On Sun, 19 Jan 2014 19:34:01 +0200 Arthur Rosenstein artros.misc@gmail.com wrote:
utils.c:643:33: error: expected ')' before 'xxx'
Double click on the message: seeks to the first 'x', Geany status bar shows line 643, column 43 (column # depends on the tab size).
But it *does* seek to 'а' if "боза" is locale.
Indeed, my bad. You're not treating "column numbers" as column numbers but rather UTF-8 byte offsets. That's definitely more common, but not universal still.
A truly universal solution should take into account whether the compiler emits utf-8 columns (java?/net?/python3?), or what is the file locale + whether the compiler takes into account the system locale + what is the system locale.

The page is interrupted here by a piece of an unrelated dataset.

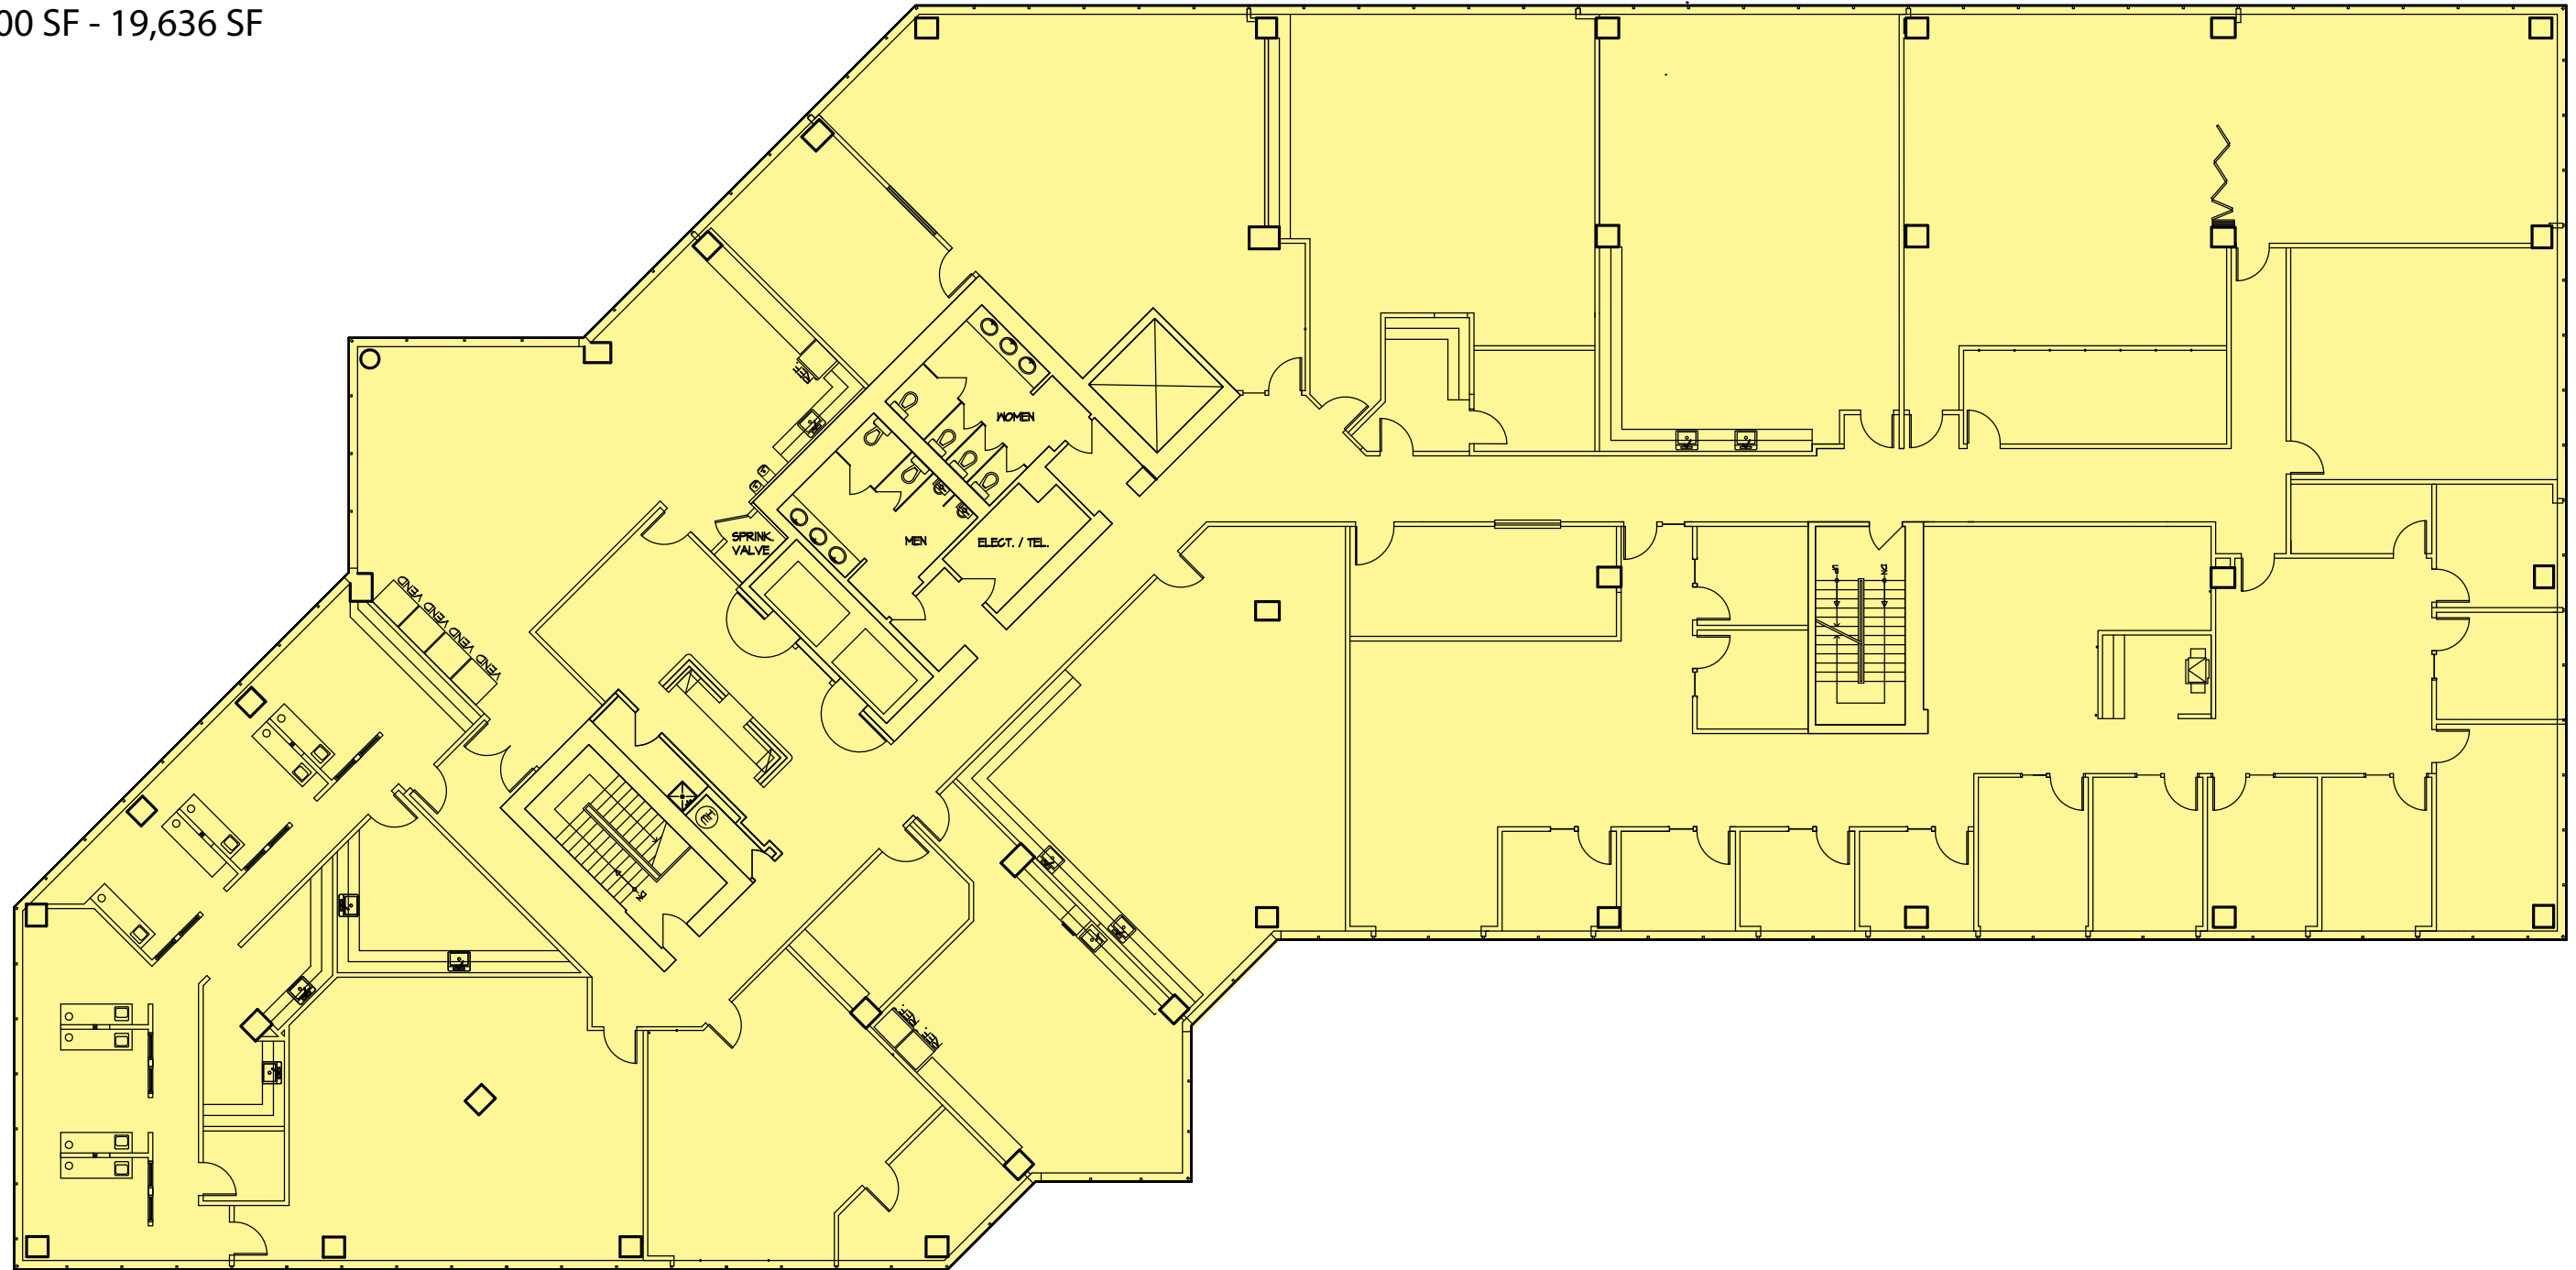

FULL FLOOR AVAILABLE

Suite 400

~5,000 SF - 19,636 SF

LYNNWOOD CORPORATE CENTER

19401 40th Avenue West, Lynnwood, WA 98036

Geany sets the GLib I/O channel encoding to NULL "safe to use with binary data", so at least that should not have any effect.
echo "test.py:7: E202 whitespace before ']'" | egrep '([^:]+):([0-9]+):([0-9]+):|([^:]+):([0-9]+): ' test.py:7: E202 whitespace before ']'
Did you actually test it? You're using g_match_info_fetch() to read the submatches of the first three *capture groups*. Those are indexed independently of the string you're trying to match. So, even though the pattern does match the error message in the file:line case, you're reading the source-location info from the capture groups that didn't match anything.
No, I assumed that Geany works as documented, and reads the first two matches. Looking at regex(1), it probably worked like that before switching to GRegex.
Note that in this case the solution is simple enough: "([^:]+):([0-9]+)(?::([0-9]+))?: ", but the general limitation is still there.
It's not a limitation, but a bug in the current regex parser. We should either document that the first two capturing groups are used, no matter if they match, or skip the non-matching groups (which is quite easy). After that, P11 can be updated - fixing the regex parser is outside it's scope.